All of lore.kernel.org
 help / color / mirror / Atom feed
From: Ben Greear <greearb-my8/4N5VtI7c+919tysfdA@public.gmane.org>
To: Jeff Layton <jlayton-H+wXaHxf7aLQT0dZR+AlfA@public.gmane.org>
Cc: Steve French <smfrench-Re5JQEeQqe8AvxtiuMwx3w@public.gmane.org>,
	linux-cifs-u79uwXL29TY76Z2rM5mHXA@public.gmane.org
Subject: Re: CIFS endless console spammage in 2.6.38.7
Date: Tue, 31 May 2011 13:51:58 -0700	[thread overview]

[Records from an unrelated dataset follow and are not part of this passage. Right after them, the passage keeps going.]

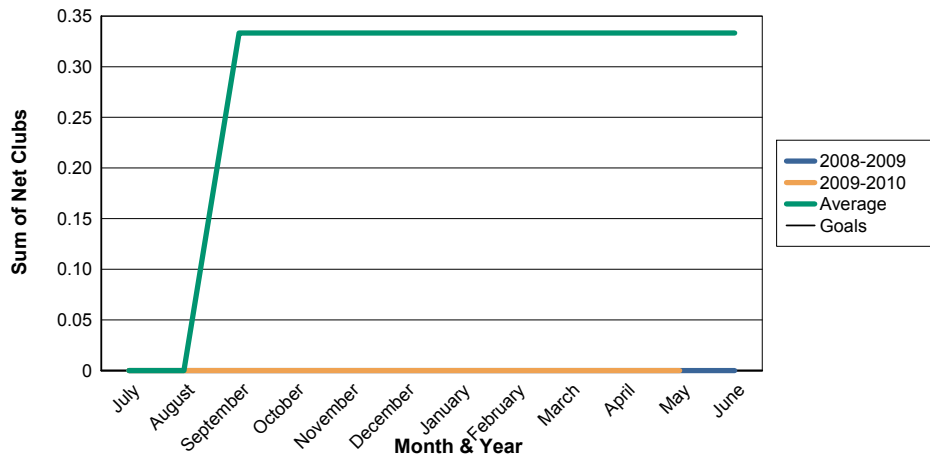

Sum of Net Clubs/ Month & Year

For District 111BO
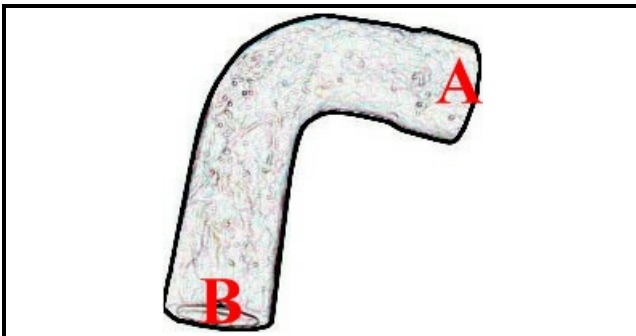

2108239

ASPIRATION HOSE P43E-NP 43 *

Date: 22-11-2024

ORIGINAL
OSP
SPARE PARTS**Technical data**

MINIMUM INTERNAL DIAMETER mm	B=29mm
MAXIMUM INTERNAL DIAMETER mm	A=35mm
NUMBER OF WAYS	2 VIE/WAYS

Manufacturer code
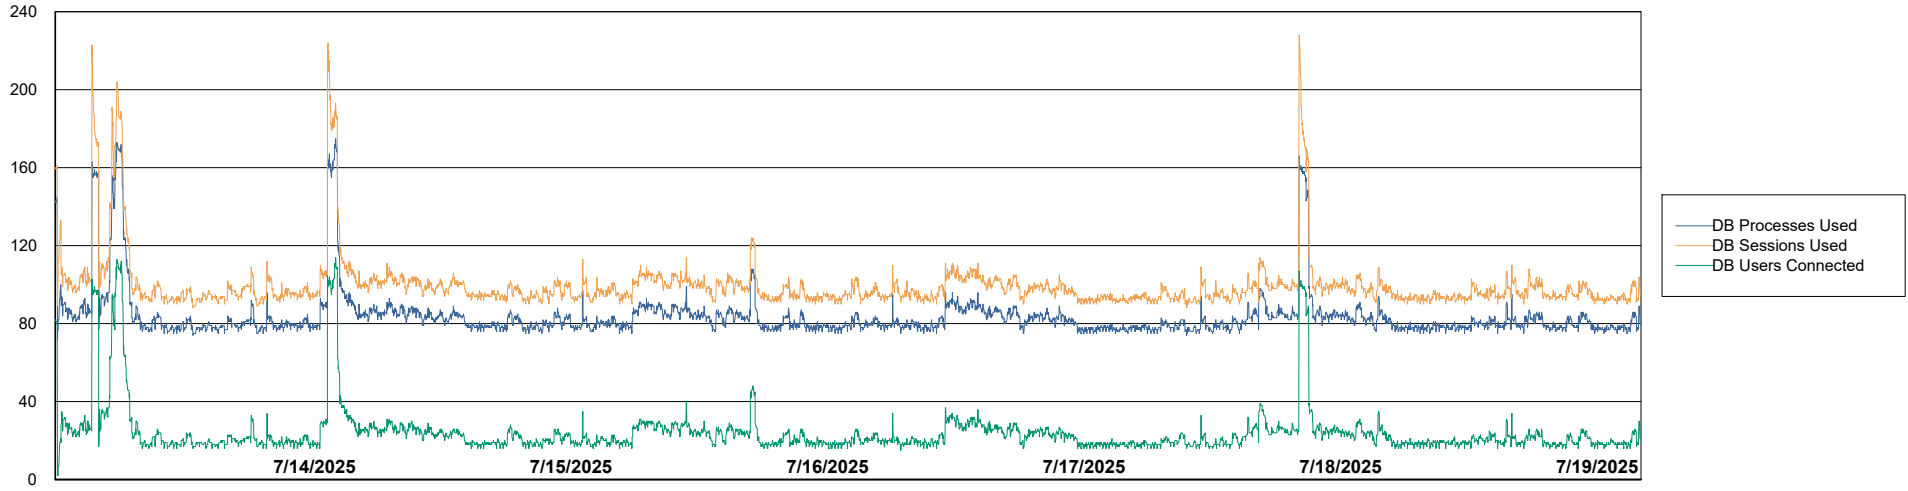

Database Performance: CLB-BI2-AMS_ABS1_DB
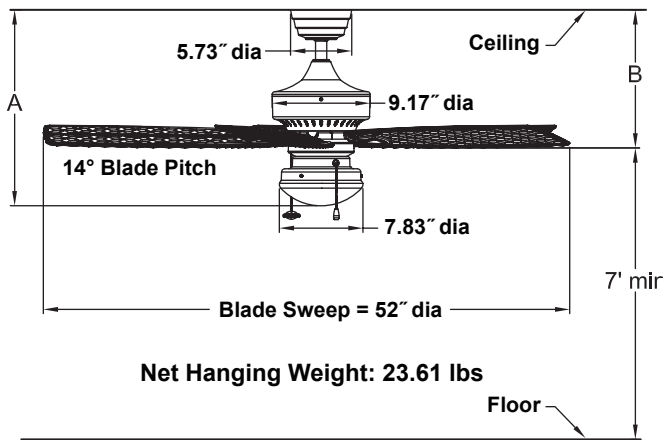

# 52" Wet Location Fan

	A	B
Fan w/4.5" downrod	18.36"	12.95"
Fan w/12" downrod	25.86"	20.45"
Fan w/18" downrod	31.86"	26.45"
Fan w/24" downrod	37.86"	32.45"
Fan w/36" downrod	49.86"	44.45"
Fan w/48" downrod	61.86"	56.45"
Fan w/60" downrod	73.86"	68.45"
Fan w/72" downrod	85.86"	80.45"

### MOTOR SPECS:

188 x 25 motor is designed for optimal performance with this fan.
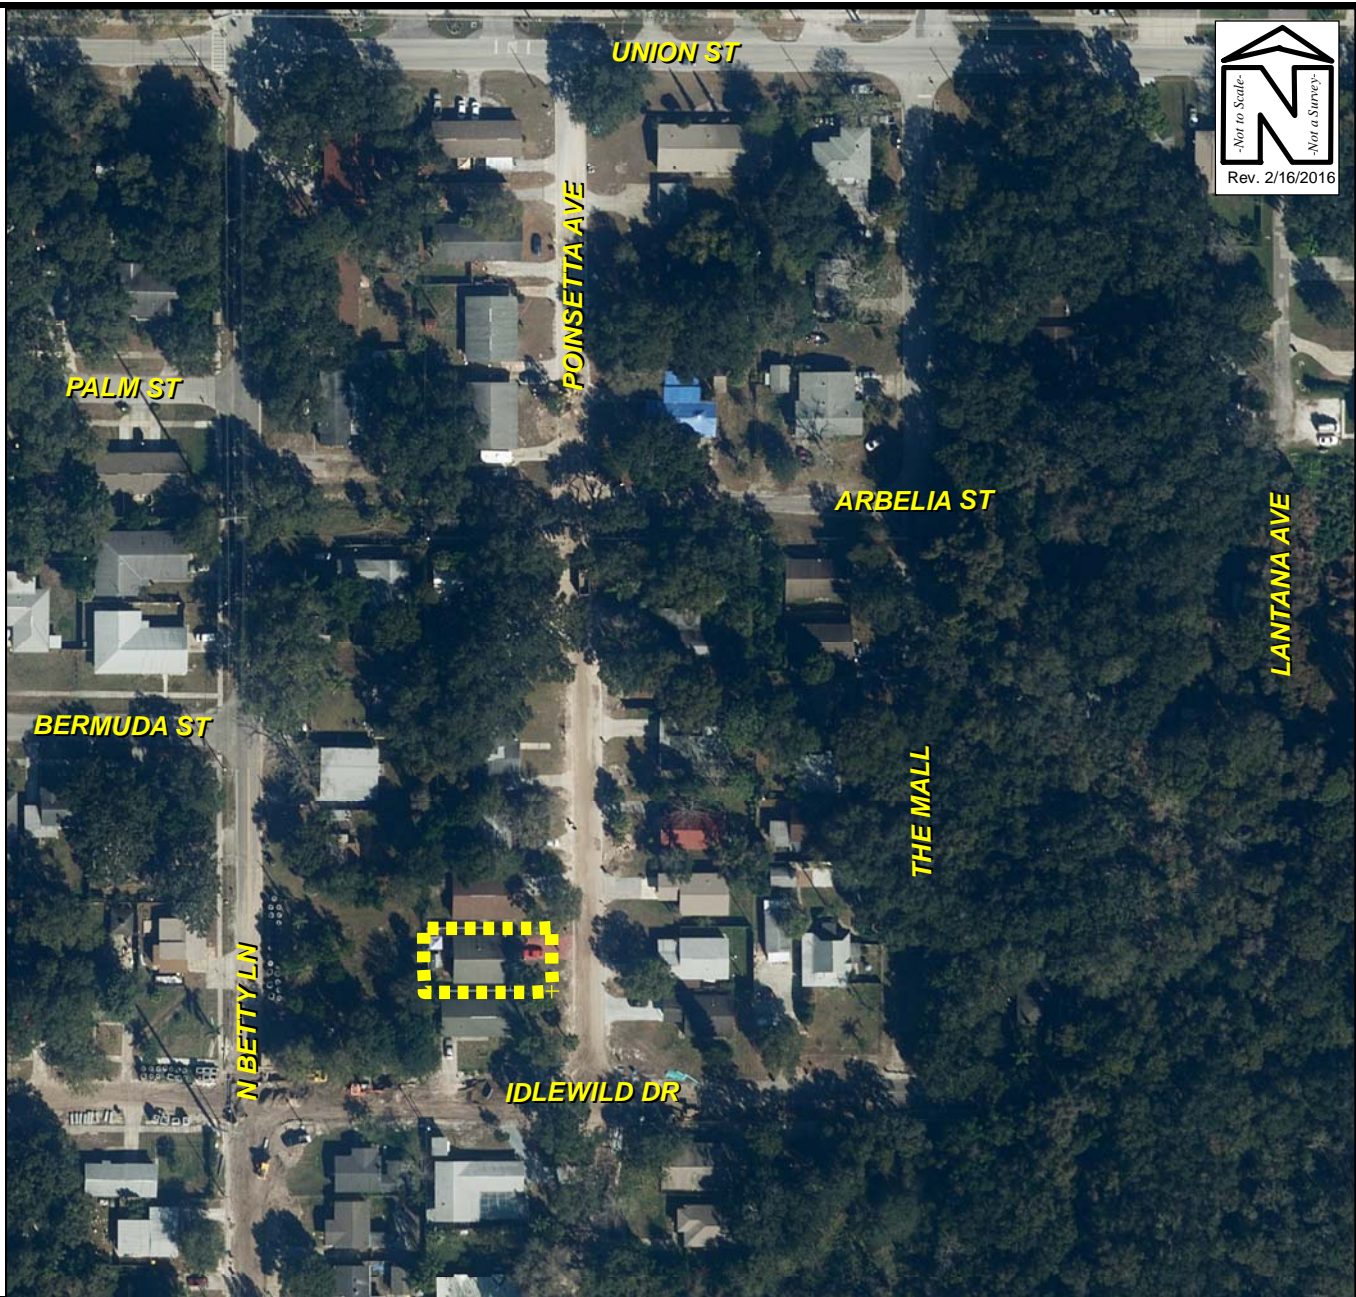

LOCATION MAP

Owner(s):	MULTIPLE OWNERS	Case:	ATA2016-02002
Site:	1208 Sunset Point Road 1210 Sunset Point Road 2040 Poinsetta Avenue	Property Size(Acres):	0.476
		ROW (Acres):	0.677
Land Use	Zoning	PIN:	03-29-15-87912-001-0040 03-29-15-87912-001-0050 03-29-15-12060-006-0150
From :	RU R-4		
To:	RU LMDR	Atlas Page:	251B

EXISTING SURROUNDING USES MAP (1 of 2)

Owner(s):	MULTIPLE OWNERS	Case:	ATA2016-02002
Site:	1208 Sunset Point Road 1210 Sunset Point Road 2040 Poinsetta Avenue	Property Size(Acres):	0.476
		ROW (Acres):	0.677
Land Use	Zoning	PIN:	03-29-15-87912-001-0040 03-29-15-87912-001-0050 03-29-15-12060-006-0150
From :	RU		
To:	RU	Atlas Page:	251B

EXISTING SURROUNDING USES MAP (2 of 2)

Owner(s):	MULTIPLE OWNERS	Case:	ATA2016-02002
Site:	1208 Sunset Point Road 1210 Sunset Point Road 2040 Poinsetta Avenue	Property Size(Acres):	0.476
		ROW (Acres):	0.677
Land Use	Zoning	PIN:	03-29-15-87912-001-0040 03-29-15-87912-001-0050 03-29-15-12060-006-0150
From :	RU R-4		
To:	RU LMDR	Atlas Page:	251B

View looking west at the subject property, 2040 Poinsetta Avenue

Across the street, east of the subject property

North of the subject property

South of the subject property

View looking northerly along Poinsetta Avenue

Message-ID: <4DE554EE.3010402@candelatech.com> (raw)
In-Reply-To: <20110531164408.178eeebf-9yPaYZwiELC+kQycOl6kW4xkIHaj4LzF@public.gmane.org>

On 05/31/2011 01:44 PM, Jeff Layton wrote:
> On Tue, 31 May 2011 12:45:37 -0700
> Ben Greear<greearb-my8/4N5VtI7c+919tysfdA@public.gmane.org>  wrote:
>
>> On 05/31/2011 12:36 PM, Steve French wrote:
>>> This is on setting up a session, so could be something like:
>>> - mount
>>> - do write
>>> - server crash
>>> - attempt to reconnect
>>> - socket returns ENOSOCK
>>> - attempt to reconnect ...
>>> - repeat
>>>
>>> Is this repeatable enough that we could modify the client to stop on
>>> the reconnect to see what is causing the socket to go bad and which
>>> operation we are repeating the reconnect on.
>>
>> Well, ENOTSOCK sounds like a pretty serious coding problem.  Maybe
>> a use-after-close or something?
>>
>> At the least, we could look for some particular errors (such as ENOTSOCK)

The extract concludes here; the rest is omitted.